Segment Open
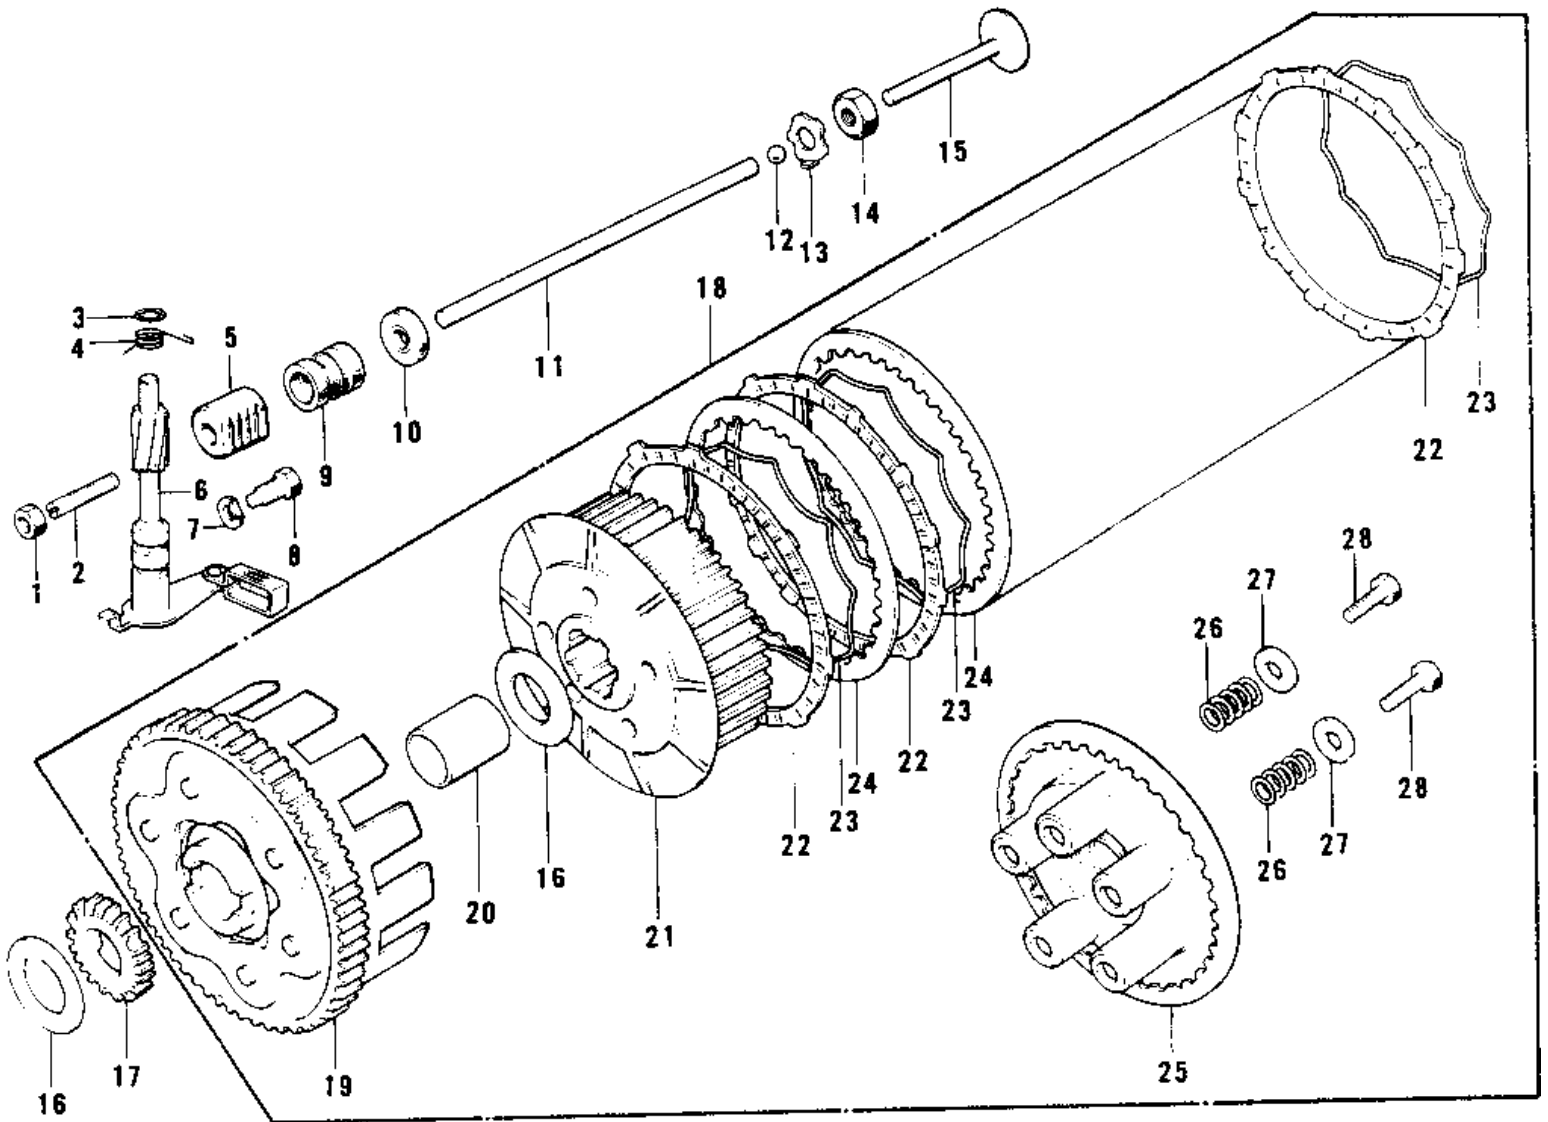

# 1979 KD125-A5 PARTS DIAGRAM

CLUTCH

# 1979 KD125-A5 PARTS LIST

## CLUTCH

ITEM NAME	PART NUMBER	QUANTITY
NUT 6MM (Ref # 1)	311B0600	
SCREW,SLOTTED,6X26 (Ref # 2)	92014-015	
"O" RING, 10MM (Ref # 3)	670B2010	
SPRING,CLUTCH RELESE (Ref # 4)	92083-024	
ROD,CLTCH RELESE PUSH (Ref # 5)	13116-026	
SHAFT ASY,CLTCH RELES (Ref # 6)	13234-003	
WASHER,LOCK (Ref # 7)	92031-009	
BOLT,CLUTCH RELEASE (Ref # 8)	92003-130	
COLLAR (Ref # 9)	92027-207	
OIL SEAL,PUSH ROD (Ref # 10)	92050-058	
ROD,CLUTCH PUSH,LONG (Ref # 11)	13116-027	
BALL STEEL 7/32' (Ref # 12)	600A0700	
WASHER-LOCK,14MM (Ref # 13)	92024-046	
NUT 14MM (Ref # 14)	315B1400	
PUSHER-CLTCH SPRG PLT (Ref # 15)	13116-016	
WASHER,PLAIN (Ref # 16)	92022-270	
PINION,KICKSTARTER (Ref # 17)	13075-010	
CLUTCH-ASSY (Ref # 18)	13081-1053	
HOUSING CLUTCH (Ref # 19)	13095-1034	
BUSHING,CLUTCH (Ref # 20)	92028-138	
HUB,CLUTCH (Ref # 21)	13087-038	
PLATE-FRICTION (Ref # 22)	13088-1015	
RING-CLUTCH STEEL (Ref # 23)	13229-002	
PLATE CLUTCH STEEL (Ref # 24)	13089-003	
PLATE-CLUTCH SPRING (Ref # 25)	13187-004	
SPRING,CLUTCH (Ref # 26)	92081-123	
WASHER-PLAIN,5MM (Ref # 27)	92022-167	
BOLT,5X18 (Ref # 28)	92003-078	
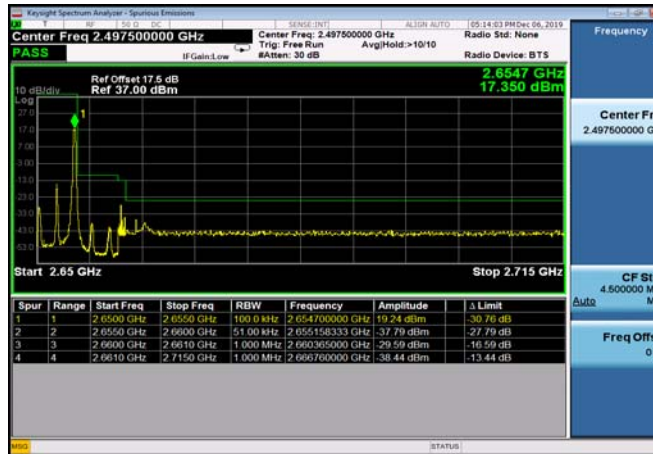

LowRange_TDD41_20MHz_2565_fullIRB
_LowQPSK

LowRange_TDD41_20MHz_2565_fullIRB
_LowQ16

HighRange_TDD41_5MHz_2652.5_OneRB_high_QPSK

HighRange_TDD41_5MHz_2652.5_OneRB_high_Q16

HighRange_TDD41_5MHz_2652.5_fullIRB_HighQPSK
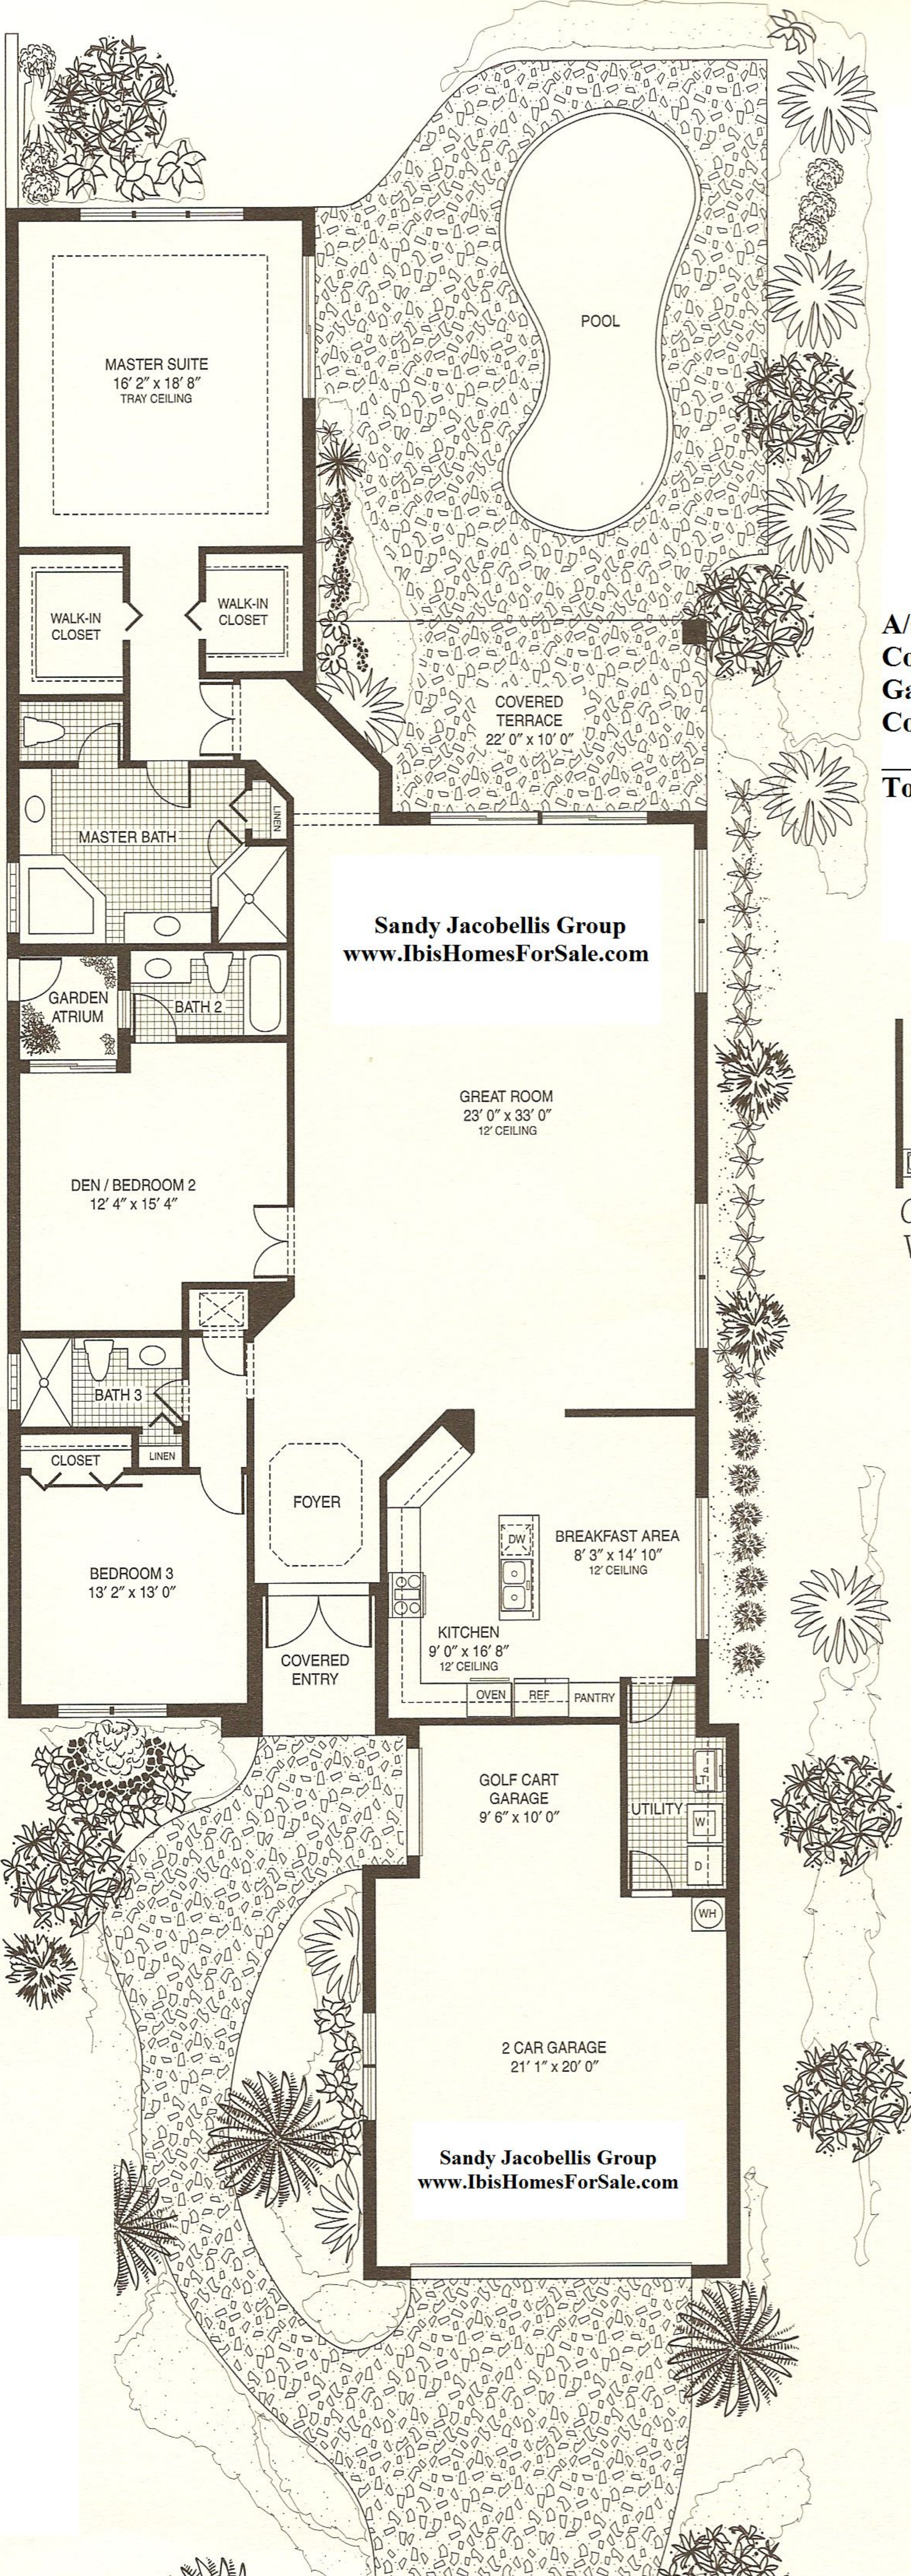

WINDSOR
3 Bedrooms, 3 Bathrooms

A/C Living Area	2,668 sq.ft.
Covered Patio	221 sq.ft.
Garage	588 sq.ft.
Covered Entry	52 sq.ft.
Total Area	3,529 sq.ft.

Sandy Jacobellis Group
www.IbisHomesForSale.com

Sandy Jacobellis Group
www.IbisHomesForSale.com

Optional Wet Bar

Optional Step Down Wet Bar
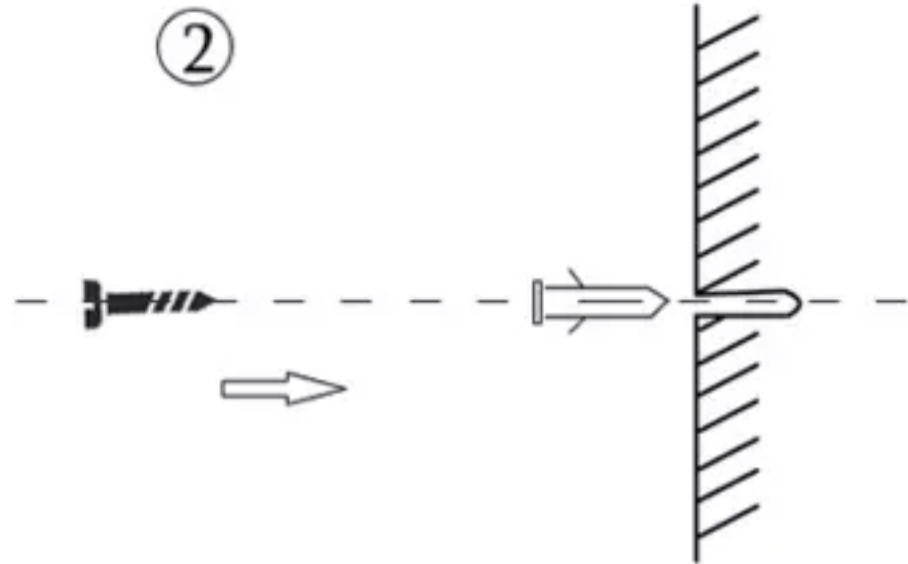

# Instruction

①

②

Turn on the  
switch

③

④

1. Solar Charging at daytime

2. turn on at night automatically

3. Dim light when no one approaches

4. Strong light when someone detected about 3M
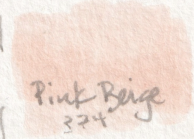

A. Gallo

Malachite  
Hue

PG7 PG36 PY43  
PW4

Dark Forest

PA7 PBK7 PY43

Derwent Drawing

Sepia (Red)  
6110

Chocolate  
6600

Tombow

026

098

228

Ecoline

Beige  
420

Pink Beige  
374

Pastel Red  
381
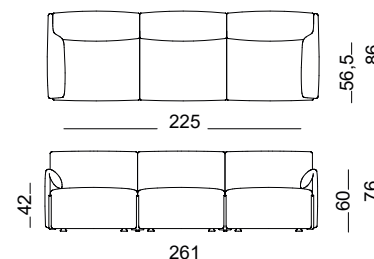

Composition D

9401.71.00 | 2,036 m³ | 114,80 kg

Art. nr.

SD5170	Comp. C: 3-seater sofa without armrests	(n°3 SD5100+ n°2 SD5130)
SD5180	Comp. D: 3-seater sofa with armrests	(n°1 SD5100+ n°1 SD5110 + n°1 SD5120+ n°2 SD5130)

When ordering please note that:
"left armrest" means that your left arm is on the left armrest when you are sitting.
"right armrest" means that your right arm is on the right armrest when you are sitting.

Compasso d'Oro 2024
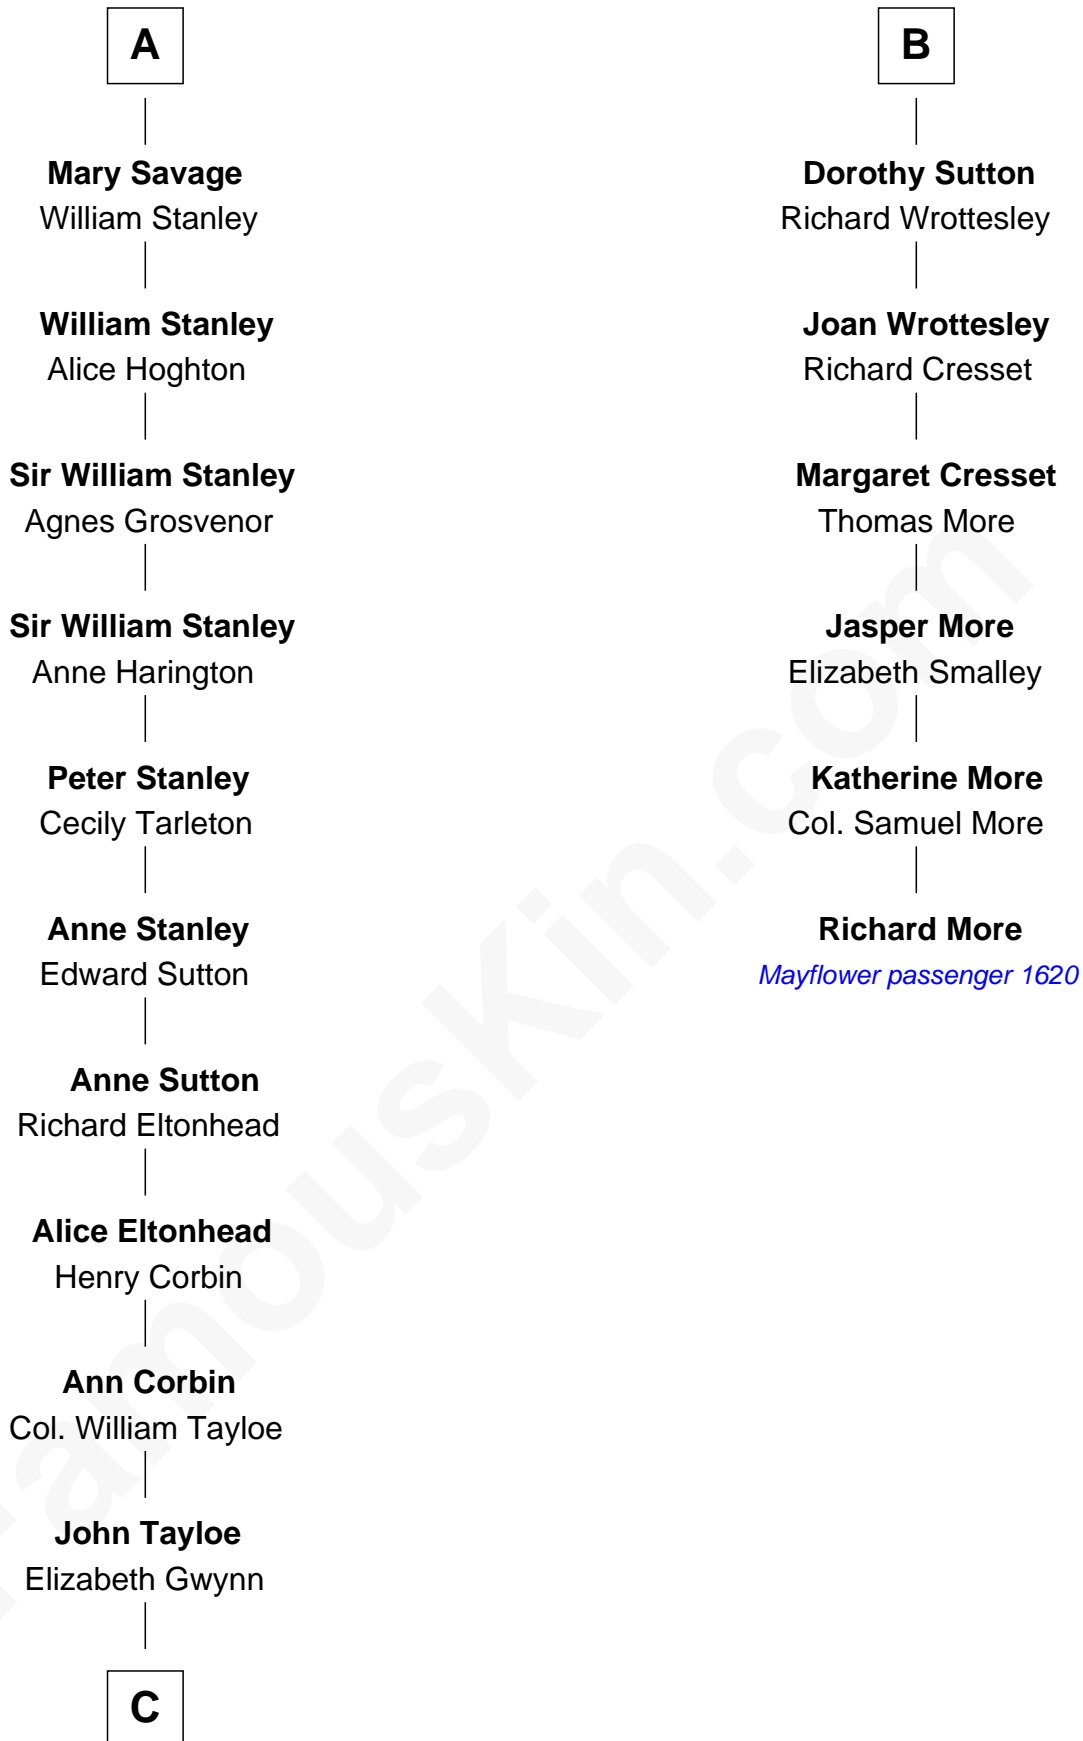

## Relationship Chart of

### Henry Lloyd

40th Governor of Maryland

12th cousin 9 times removed of

**Richard More**

(c1614 - c1696) Mayflower passenger 1620

**MAYFLOWER**

**C**

—  
**John Tayloe**  
Rebecca Plater

—  
**Elizabeth Tayloe**  
Col. Edward Lloyd

—  
**Col. Edward Lloyd**  
Sally Scott Murray

—  
**Daniel Lloyd**  
Catherine Henry

—  
**Henry Lloyd**  
*40th Governor of Maryland*

FamousKin.com
Segment Closed
TASK OBJECTIVE => If a line in the records above has the word "RELESE", copy it out.

OUTPUT FOR THIS EXERCISE =>
SPRING,CLUTCH RELESE (Ref # 4)	92083-024	
ROD,CLTCH RELESE PUSH (Ref # 5)	13116-026	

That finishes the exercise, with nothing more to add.